Okay… So I’m going to show you another technique that you can do with this. Say for instance you can’t hear. Your complaint is that “okay, I’ve tried, I just tried this, I can’t hear the music. My fiddle’s too loud or whatever.” So what you can do is, if you buy a smartphone or you have a smartphone, we all have these. These are earbuds. So I use this technique a lot when I’m traveling with BeauSoleil and I need to learn a new tune or I need to practice a tune, practice the fiddle part and so this is a technique that works for me. It may not work for everybody but I’d like to share this with you.

So what I do is I take my earbuds and I only put the left earbud in my ear. I leave the right earbud out. Because what I need is with this ear I need to hear the fiddle acoustically. But I put the earbud in the ear where the fiddle is because the fiddle is going to be really loud. So this way, I’m kind of creating this balance. So this way, the fiddle is not too loud because I have this earbud in the left ear, and with my right ear that’s kind of pointed away from the fiddle I can hear the violin. Okay, if I explained that right hopefully.

So now, you still need to kind of come up with a balance. If you have the volume all the way up the music might be too loud. So you may need to come down with it. But figure out, we all hear differently, so figure out what works for you. So what I do now is, again I just play that recording…[9:11] Okay. This is a good thing. So remember the icon in the upper right, the little speaker icon on? This is only on the iPhone that I’m talking about. If it’s blue it’s going to continue to come out the phone. You have to hit that until it’s white and then it will come out the earbuds, okay? That’s an important thing because it frustrates a lot of people. Okay.

So, here we go…[9:40] Ok, it’s a little loud, I’m going to turn it down. I know you can’t hear the melody right now because it’s coming through my earbuds. So I turned it down a little bit just where it’s not crazy loud and then I’m going to play my fiddle and try to basically balance these two sounds…[9:57]…ah it’s perfect. So I can hear the melody in my ear… And I can hear my fiddle… If I need the melody to be louder… I can just play it out on my phone… So this is a great way to practice… All right.

So I just wanted to share that with you. That’s what The Vlog is this week. It’s all about practicing and it’s all about doing this every day, doing some kind of technique. You don’t have to second every day. I still feel like the most important thing in Cajun fiddle for a fiddler to do is learn your melodies. Learn all your…I would start with your standard, what I call standard melodies. So those are the melodies that you’re going to hear going to a jam session or most of the tunes that you’re going to hear on the current recordings.
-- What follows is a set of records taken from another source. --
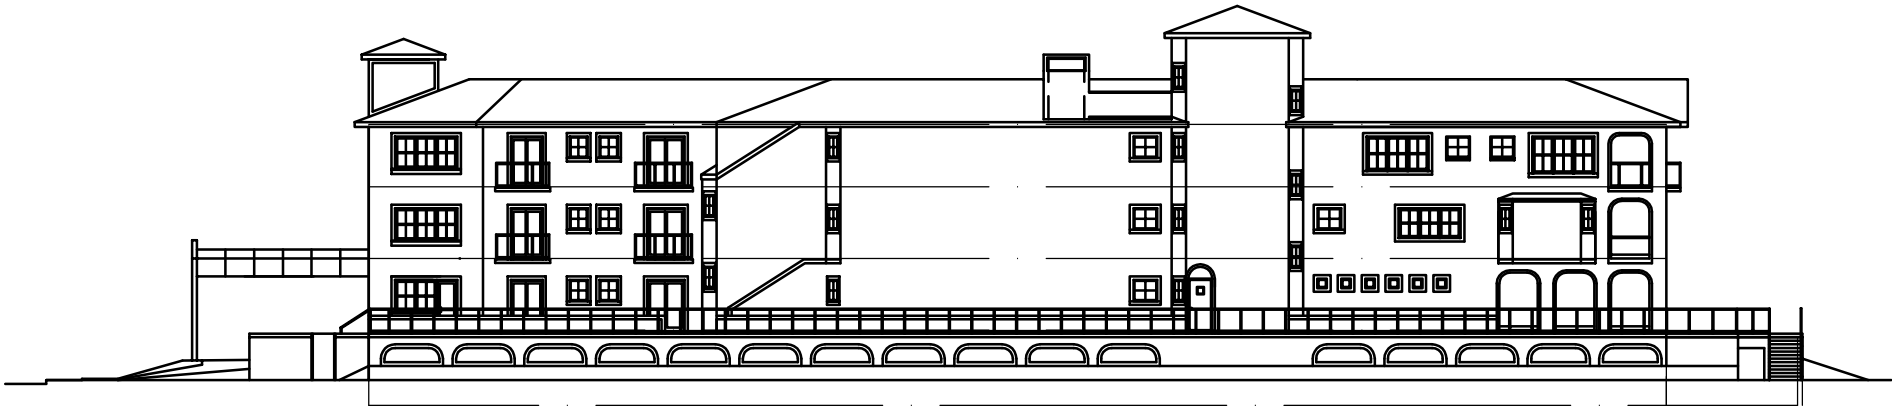

NORTH ELEVATION
SCALE: 1/8" = 1'-0"

WEST ELEVATION
SCALE: 1/8" = 1'-0"

1 EXTERIOR ELEVATIONS
SCALE: 1/8" = 1'-0"

Inlet Plaza
100 Inlet Way
Palm Beach Shores, Florida 33404

© Copyright
S. Raymond Berry
• AIA • Architect • Planner • N.C.A.R.B. • 20 Lake Drive • Palm Beach Shores, Fl. 33404 • Phone (561) 254-2740 • Fax (561) 842-7297
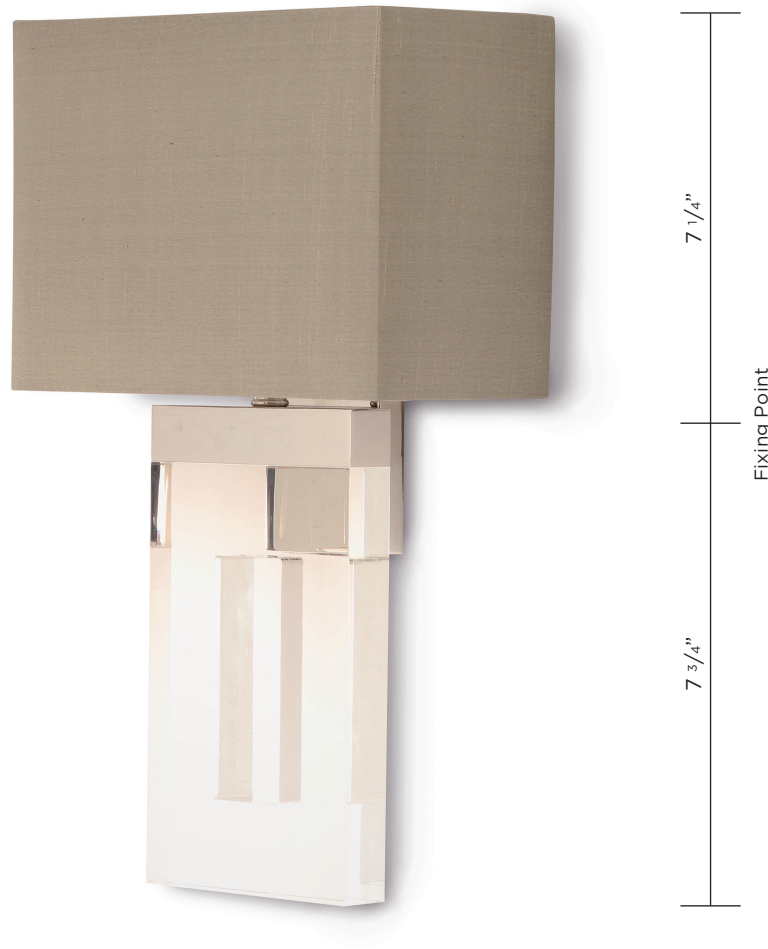

PORTA ROMANA

Perspex with Putty silk shade

MWLO2 SQUARE PERSPEX WALL SCONCE

HEIGHT	10 1/4"	260mm
WITH SHADE	15"	380mm
WIDTH	4 3/4"	120mm
WITH SHADE	8 3/4"	222mm
PROJECTION	5 1/2"	140mm

BACKPLATE DIMENSIONS
H 5 1/4" (135mm) x W 4 1/2" (115mm)

Technical data sheet available

FINISHES
Perspex with Nickel

CONSTRUCTED FROM
Perspex with nickel plated steel

NET WEIGHT 3 3/4 lb 1.75kg

LAMPSHADE 8" Open Back Rectangle
8 3/4" x 4 1/4" x 6 1/2"

MAX WATTAGE 1 x 25W

LAMPING One, Globe Type G16 1/2,
Candelabra Base

VOLTAGE 120 V

UL/CUL LISTED

QUICK SHIP

with Putty silk shade
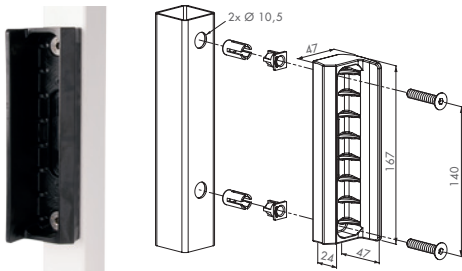

KEEP - FOR SQUARE PROFILES

Polyamide keep for walk- and garden gates. Quick-Fix ensures a fast and strong mounting.
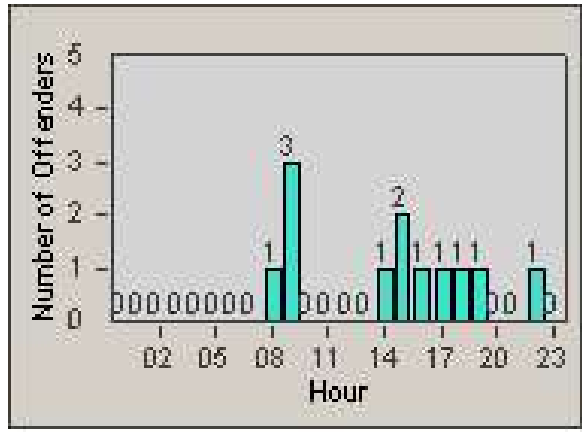

Redflex Redlight Offender Statistics

CONTRACT: Garden Grove **LOCATION:** GG-BRWE-01 Brookhurst St
DATE FROM: 1/Jul/2009 **DATE TO:** 31/Jul/2009

LANE 1

LANE 2

LANE 3

Redflex Redlight Offender Statistics

CONTRACT: Garden Grove **LOCATION:** GG-BRWE-01 Brookhurst St
DATE FROM: 1/Jul/2009 **DATE TO:** 31/Jul/2009

LANE 4

LANE TOTAL

Redflex Redlight Offender Statistics

CONTRACT: Garden Grove **LOCATION:** GG-BRWE-01 Brookhurst St
DATE FROM: 1/Jul/2009 **DATE TO:** 31/Jul/2009
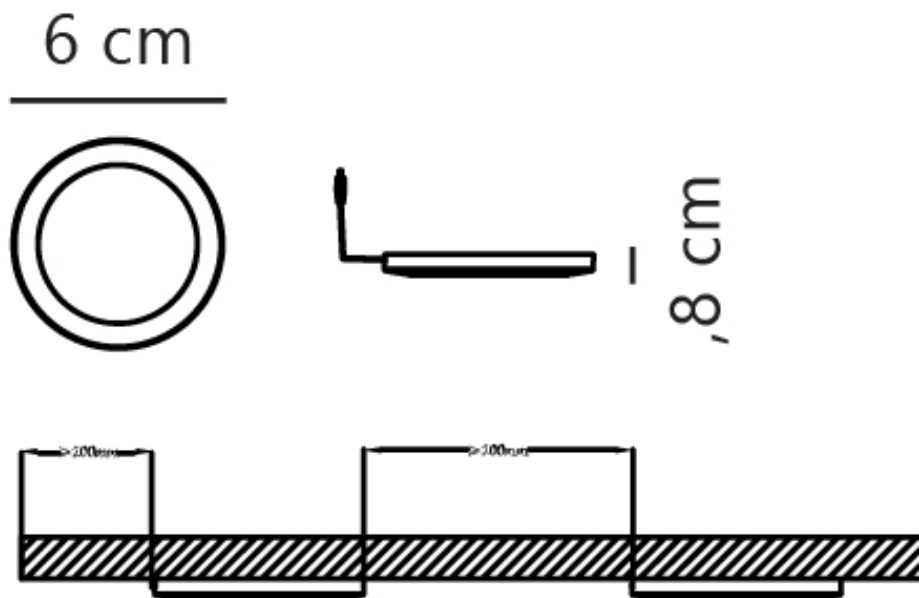

Nordlux - Set of 4 Lismore 4-Set - 76730001 - LED Chrome Clear Cabinet Kits

CONTACT
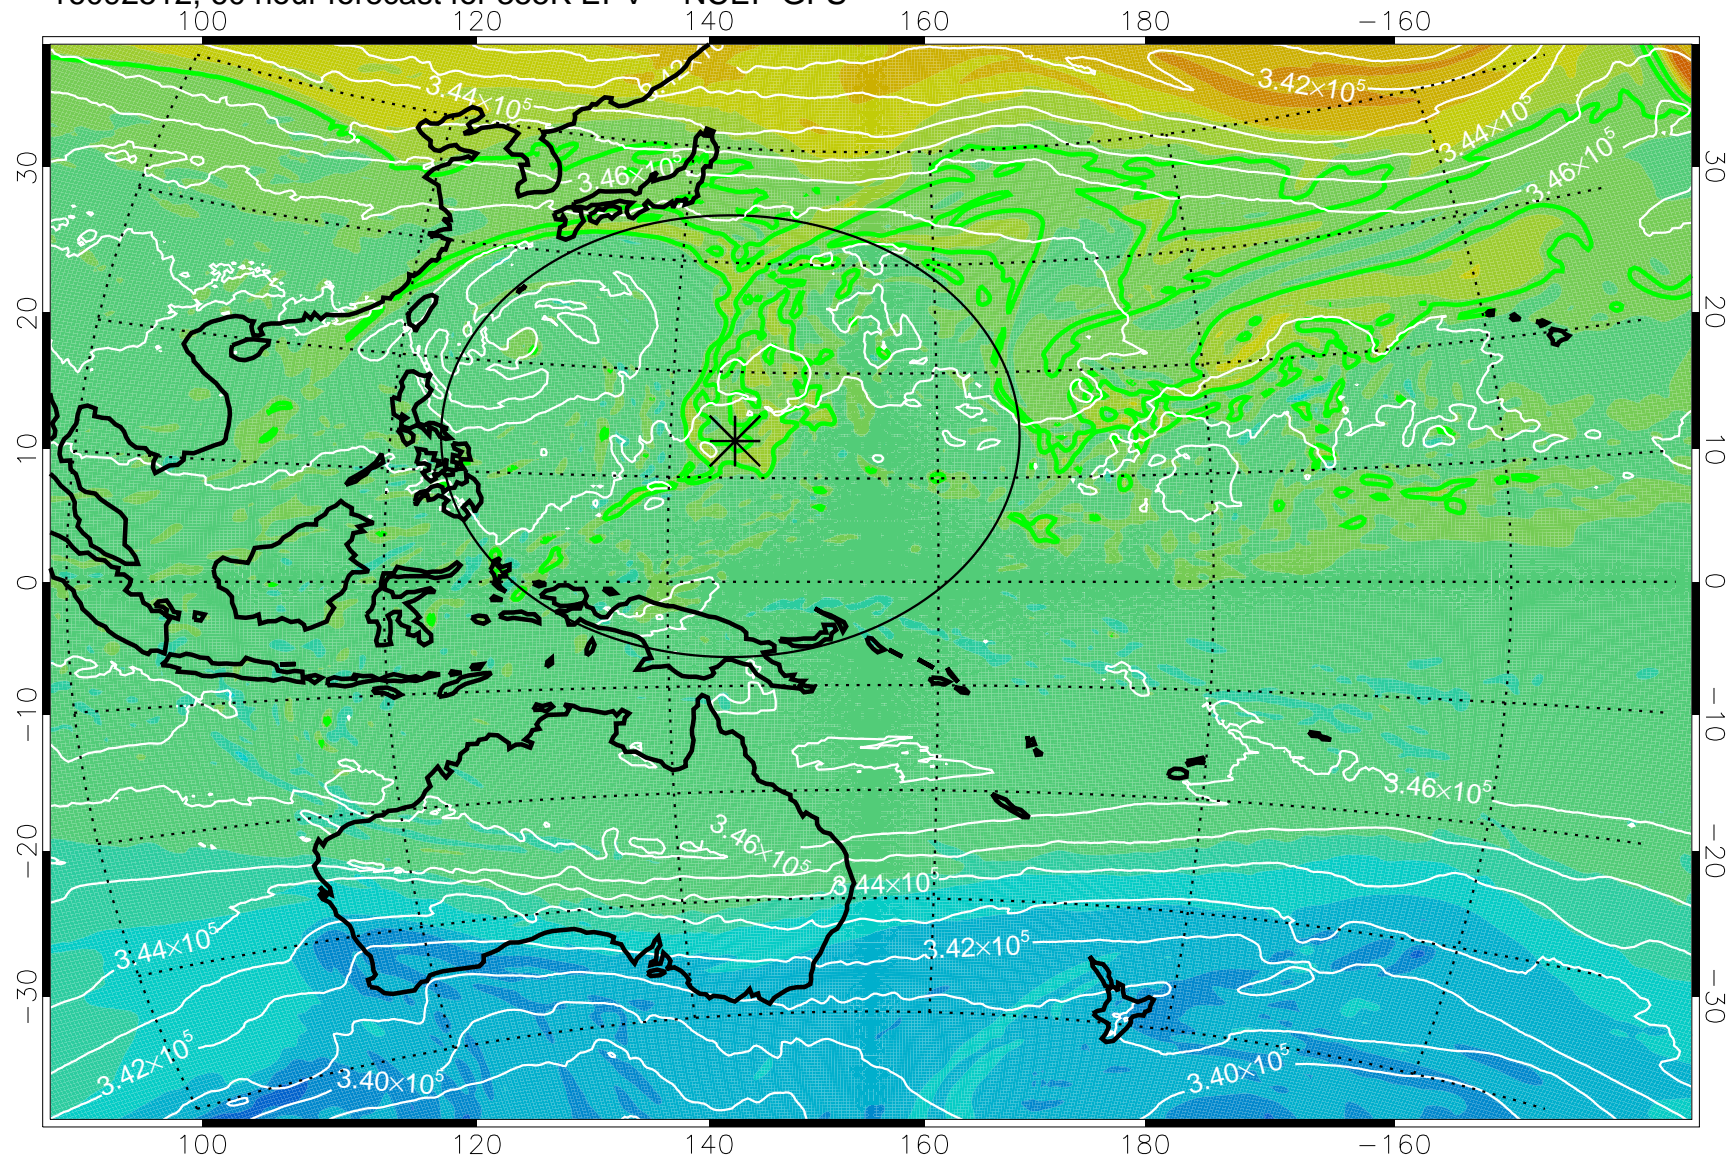

16092406, 30 hour forecast for 355K EPV -- NCEP GFS

355K Montgomery Streamfunction, white
EPV Tropopause (2 PVU) Position
Range ring of 2304 km

16092412, 36 hour forecast for 355K EPV -- NCEP GFS

355K Montgomery Streamfunction, white
EPV Tropopause (2 PVU) Position
Range ring of 2304 km

16092418, 42 hour forecast for 355K EPV -- NCEP GFS

355K Montgomery Streamfunction, white
EPV Tropopause (2 PVU) Position
Range ring of 2304 km

16092500, 48 hour forecast for 355K EPV -- NCEP GFS

355K Montgomery Streamfunction, white
EPV Tropopause (2 PVU) Position
Range ring of 2304 km

16092506, 54 hour forecast for 355K EPV -- NCEP GFS

355K Montgomery Streamfunction, white
EPV Tropopause (2 PVU) Position
Range ring of 2304 km

16092512, 60 hour forecast for 355K EPV -- NCEP GFS

355K Montgomery Streamfunction, white
EPV Tropopause (2 PVU) Position
Range ring of 2304 km

16092518, 66 hour forecast for 355K EPV -- NCEP GFS

355K Montgomery Streamfunction, white
EPV Tropopause (2 PVU) Position
Range ring of 2304 km

16092600, 72 hour forecast for 355K EPV -- NCEP GFS

355K Montgomery Streamfunction, white
EPV Tropopause (2 PVU) Position
Range ring of 2304 km

But learn the standards first. Learn your melodies because there are still…I feel like there’s still not enough fiddlers that know the true melodies of tunes. And when I say melodies, I mean what the accordion is playing when they kick off the tune or even what the singer’s… the melody that the singer is singing in a song. So it’s really important to learn that. So I always say practice that, that’s the most important thing, and then the seconding. And you don’t have to do the seconding every day but you definitely want to practice it at least once a week in some kind of way. If it’s doing what I just showed or going to a jam session or playing along with the record, you can even just play through your chords without accompanying a melody just to practice switching from chord to chord.


So hope this all helps. It’s what I use on the road. It’s my little secret, my little technique. Stay inspired, keep on fiddling, and hope to see you out there soon. Thanks so much. Have a great day.